Start of RECORD SET
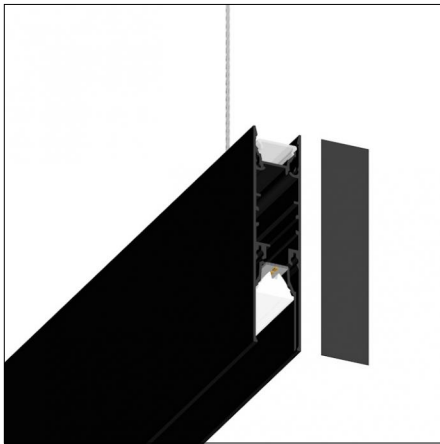

Indoor | Pendants | Traceline Deep Pendant Direct/Indirect

Narrow 11°

01

IP40

850°

Code 0.1N86P.HN01

Light source features

Number of light sources direct light: 1

Source type: LED

Watt: 28W

Lm: 4100lm

Lm/W: 148lm/W

Kelvin/CRI: 4000K / >90

SDCM/L80 B10: < 3 / 50000

Number of light sources indirect light: 1

Source type: LED

Watt: 28W

Lm: 4100lm

Lm/W: 148lm/W

Kelvin/CRI: 4000K / >90

SDCM/L80 B10: < 3 / 50000

Fixture total output: 1968 lm

Fixture efficacy: 62 lm/W

Electrical features

Driver included: YES

Driver position: integrated

Driver type: On-Off 220/240 Vac 50/60 Hz

Total power consumption (LED + DRIVER): 64W

Isolation class: Class II

Optical features

Beam angle: 11°

Interchangeable optic (IOS): NO

Physical features

Material: Extruded aluminum

Diffusing screen: PMMA Lens 11°

Mounting: Suspension

Finishing: Chrome

Notes:

- Maximum length for continuous line configuration with one Power module : 6m (i.e. 1 Power module 3000mm + 1 Continuous 3000mm)

- End caps not included, to be ordered separately

Indirect light:

- Separate switch control for Dimm 1-10 (not 500), DALI and Bluetooth options

- Single switch control for On/Off

Luminaire constructed in conformity with Directives 2014/35/EU (LV), 2014/30/EU (EMC), 2009/125/EC (Ecodesign) with Regulations (EC) No 245/2009, (EU) No 347/2010 and (EU) 2015/1428 (for luminaires with fluorescent and metal halide lamps only), 2009/125/EC (Ecodesign) with Regulations (EU) No 1194/2012 and 2015/1428 (for LED luminaires only), 2011/65/EU (RoHS 2) and 2012/19/EU (WEEE).

Reggiani SPA Illuminazione

Viale Monza, 16 20845 Sovico (MB) Italy
Tel. (+39) 039 2071.1 fax (+39) 039 2071 999

www.reggiani.net
contact@reggiani.net
End of RECORD SET
## WORK TO BE COMPLETED
Lines that contain "with" are the result; find them in the entries above and copy each one.

## TASK RESULT
- Maximum length for continuous line configuration with one Power module : 6m (i.e. 1 Power module 3000mm + 1 Continuous 3000mm)
Luminaire constructed in conformity with Directives 2014/35/EU (LV), 2014/30/EU (EMC), 2009/125/EC (Ecodesign) with Regulations (EC) No 245/2009, (EU) No 347/2010 and (EU) 2015/1428 (for luminaires with fluorescent and metal halide lamps only), 2009/125/EC (Ecodesign) with Regulations (EU) No 1194/2012 and 2015/1428 (for LED luminaires only), 2011/65/EU (RoHS 2) and 2012/19/EU (WEEE).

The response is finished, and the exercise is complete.